Your objective: If a line in the records below holds the string "Fast", count it, and state only the final count.

Listed records:
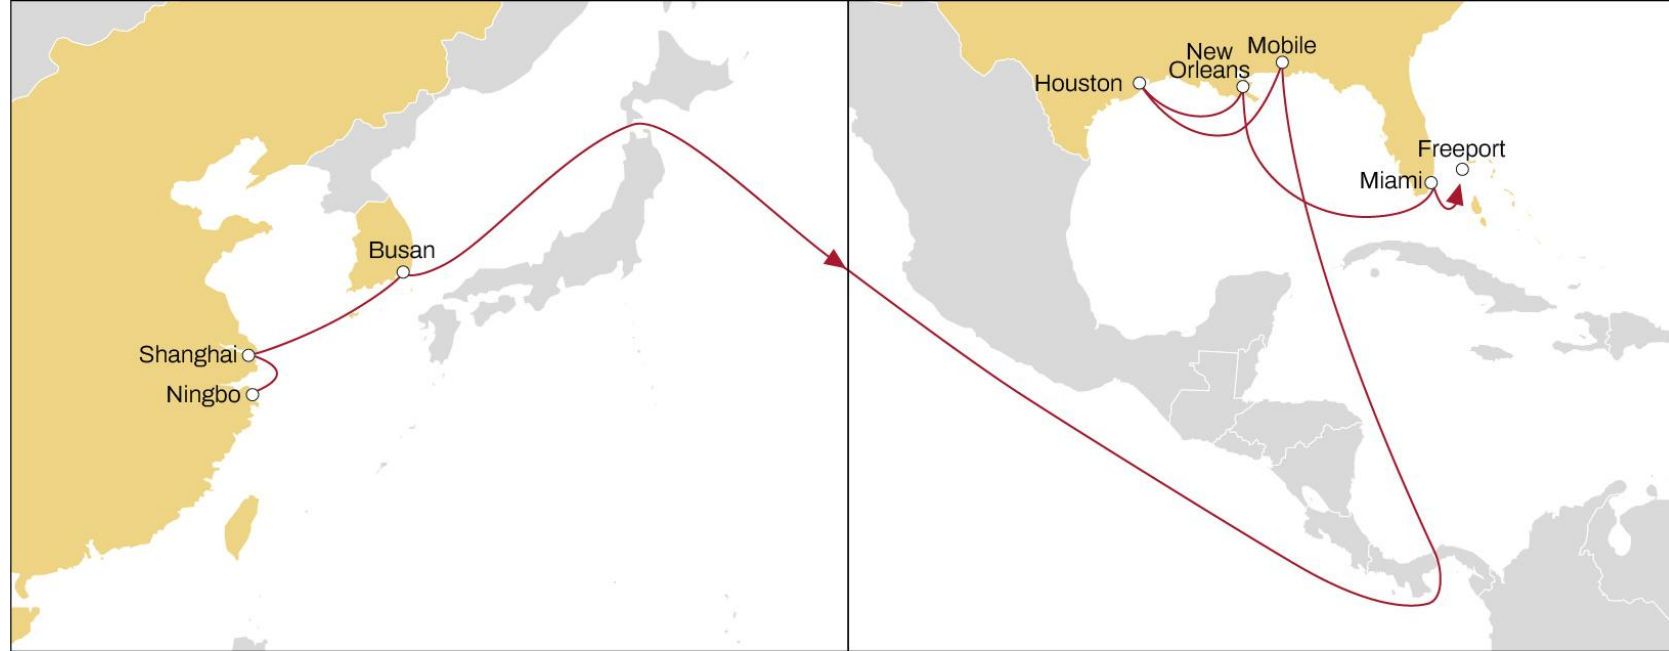

EMERALD

EASTBOUND

- **Direct service** from Vung Tau and Haiphong
- **Fast** transit time into Cartagena
- **Comprehensive** US East Coast coverage

	CARTAGENA	CHARLESTON	SAVANNAH	JACKSONVILLE	NEW YORK	BALTIMORE
SINGAPORE	32	36	38	40	43	45
VUNG TAU	29	34	35	37	40	42
HAIPHONG	26	31	32	34	37	39
YANTIAN	23	28	29	31	35	37

ASIA TO USA EAST COAST

LONE STAR

EASTBOUND

- **Comprehensive coverage** of the US Gulf region
- **Swift connection** from the Chinese and Japanese outports via Busan

	MOBILE	HOUSTON	NEW ORLEANS	MIAMI	FREEPORT
NINGBO	31	34	38	42	44
SHANGHAI	28	32	36	39	41
BUSAN	25	29	33	36	38

US EAST COAST TO ASIA

USA EAST COAST TO ASIA

AMERICA

EASTBOUND

- **Efficient connections** from US East Coast via Singapore to Southeast Asian markets
- **Direct connection** to Laem Chabang
- **Direction connection** from US East Coast to South China market

VIA SUEZ

	SINGAPORE	VUNG TAU	HAIPHONG	YANTIAN
CHARLESTON	38	41	44	46
SAVANNAH	36	39	42	45
JACKSONVILLE	35	38	41	43
NEW YORK	32	35	38	40
BALTIMORE	29	32	35	37

USA EAST COAST TO ASIA

LONE STAR

WESTBOUND

- **Direct connections** from US Gulf to Central China
- **Fast transit times** from Caribbean (via Freeport) and Central America (via Rodman) to Central China

Exercise output: 2